What the task asks
Copy the following data exactly and drop the pictures.

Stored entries
———

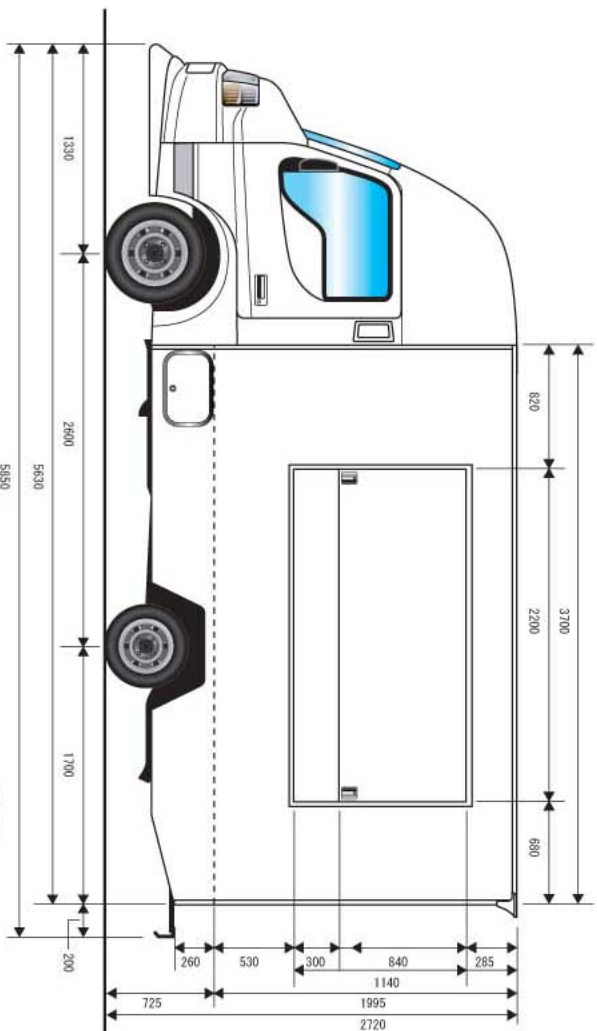

ダラント[®] テリポート-B

尺度=1/25 **F.B AUTO CRAFT**

ダラント[®] テリポート-B

尺度=1/25 **F.B AUTO CRAFT**

ダラント[®] テリポート-B

尺度=1/25 **F.B AUTO CRAFT**

ダラント[®] テリポート-B

尺度=1/25 **F.B AUTO CRAFT**
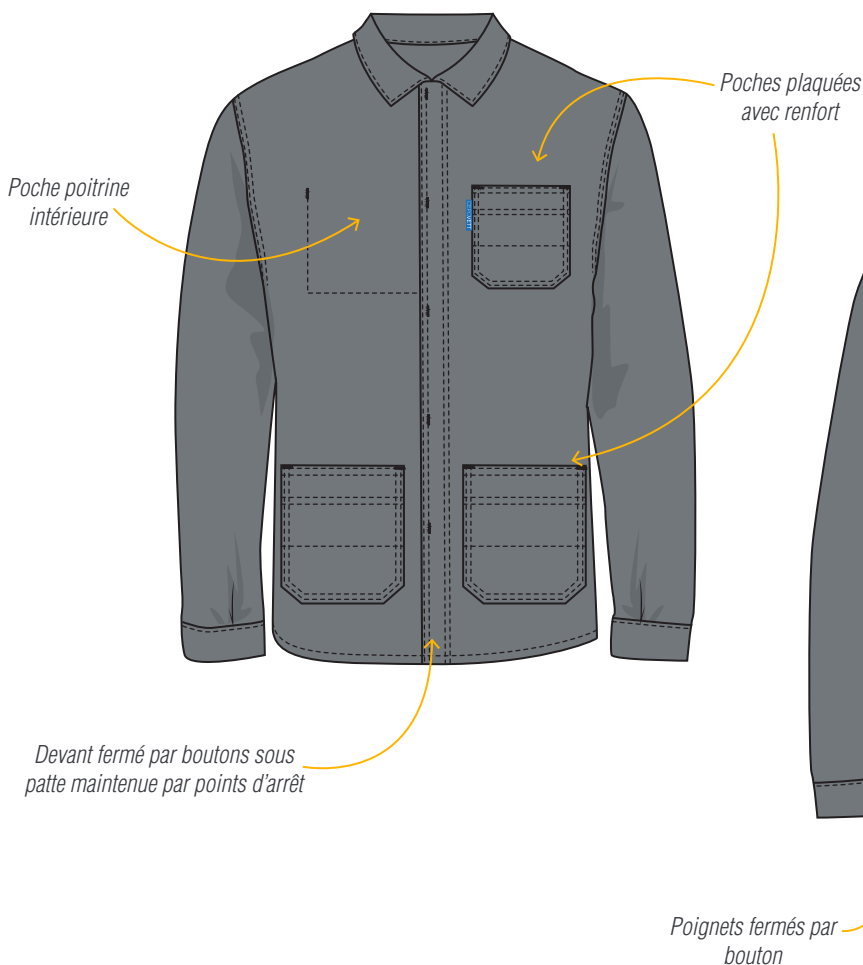

CEPOVETT
S A F E T Y

ESSENTIELS

9127 9403 VESTE

Le + Produit

Poches plaquées avec renfort pour plus de **RESISTANCE**

DESCRIPTION

Tailles 0 à 7

MATIERES

9403 Chevron

60% coton 40% polyester 300 gr/m²

COLORIS

Date & Signature :
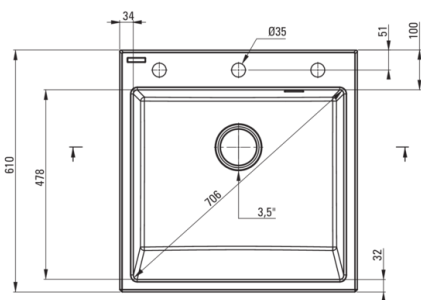

ERIDAN

Lavello in granito, 1-vaschetta

deante

Codice prodotto: ZQE_N10K

EAN: 5907650811398

Colore: nero

Garanzia [anni]: 18

Lavello

Finitura	nero
Tipo di superficie	opaco
Materiale	granito
Metodo di installazione	casale
Numero di ciotole	1
Larghezza minima del mobile [mm]	600
Larghezza [mm]	610
Lunghezza [mm]	600
Altezza [mm]	214
Profondità vasca [mm]	200
Dotato di accessori	Sì
Numero di fori	1
Numero di fori preforati	2

Kit di scarico

Finitura	nero
Tipo a spina	automatico, con pulsante
Sifone basso/ salvaspazio	Sì
Possibilità di collegare una lavastoviglie/lavatrice	Sì

Caratteristiche:

- **ATTENZIONE!** Un metodo di montaggio speciale - modulare, in piedi. I dettagli sono riportati nel manuale. Prepara un foro sopra l'armadio in base alle dimensioni del lavello. Perfetto per un
- Proprietà del granito Deante: resistenza agli urti, alle alte temperature, allo scolorimento e agli shock termici.
- La garanzia più lunga, 18 anni
- Il lavello è dotato di raccordi con collegamento alla lavastoviglie
- Le proprietà idrofobiche respingono le molecole d'acqua
- La vasca eccezionalmente spaziosa e profonda può ospitare anche le teglie estratte dal forno
- Fori aggiuntivi fresati per montare un dispenser o altri accessori
- Filtro uniformemente colorato in massa
- Sifone salvaspazio che facilita ad esempio la raccolta differenziata dei rifiuti
- Detergente dedicato, sicuro per le superfici pulite
- La finitura arricchita con ioni d'argento aggiunge proprietà antisettiche
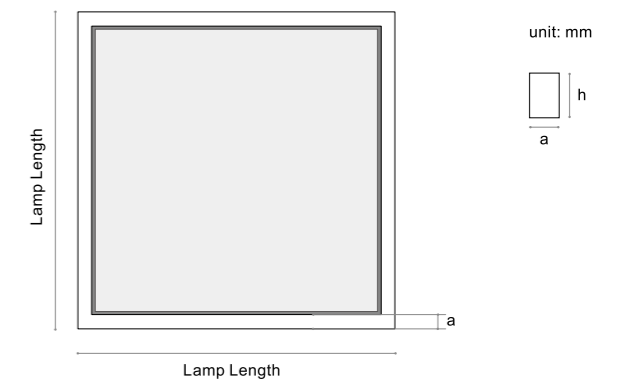

Quadrante | Filled

———

Task response
ダラント[®] テリポート-B

尺度=1/25 **F.B AUTO CRAFT**

ダラント[®] テリポート-B

尺度=1/25 **F.B AUTO CRAFT**

ダラント[®] テリポート-B

尺度=1/25 **F.B AUTO CRAFT**

ダラント[®] テリポート-B

尺度=1/25 **F.B AUTO CRAFT**

CEPOVETT
S A F E T Y

ESSENTIELS

9127 9403 VESTE

Le + Produit

Poches plaquées avec renfort pour plus de **RESISTANCE**

DESCRIPTION

Tailles 0 à 7

MATIERES

9403 Chevron

60% coton 40% polyester 300 gr/m²

COLORIS

Date & Signature :

ERIDAN

Lavello in granito, 1-vaschetta

deante

Codice prodotto: ZQE_N10K

EAN: 5907650811398

Colore: nero

Garanzia [anni]: 18

Lavello

Finitura	nero
Tipo di superficie	opaco
Materiale	granito
Metodo di installazione	casale
Numero di ciotole	1
Larghezza minima del mobile [mm]	600
Larghezza [mm]	610
Lunghezza [mm]	600
Altezza [mm]	214
Profondità vasca [mm]	200
Dotato di accessori	Sì
Numero di fori	1
Numero di fori preforati	2

Kit di scarico

Finitura	nero
Tipo a spina	automatico, con pulsante
Sifone basso/ salvaspazio	Sì
Possibilità di collegare una lavastoviglie/lavatrice	Sì

Caratteristiche:

- **ATTENZIONE!** Un metodo di montaggio speciale - modulare, in piedi. I dettagli sono riportati nel manuale. Prepara un foro sopra l'armadio in base alle dimensioni del lavello. Perfetto per un
- Proprietà del granito Deante: resistenza agli urti, alle alte temperature, allo scolorimento e agli shock termici.
- La garanzia più lunga, 18 anni
- Il lavello è dotato di raccordi con collegamento alla lavastoviglie
- Le proprietà idrofobiche respingono le molecole d'acqua
- La vasca eccezionalmente spaziosa e profonda può ospitare anche le teglie estratte dal forno
- Fori aggiuntivi fresati per montare un dispenser o altri accessori
- Filtro uniformemente colorato in massa
- Sifone salvaspazio che facilita ad esempio la raccolta differenziata dei rifiuti
- Detergente dedicato, sicuro per le superfici pulite
- La finitura arricchita con ioni d'argento aggiunge proprietà antisettiche

Quadrante | Filled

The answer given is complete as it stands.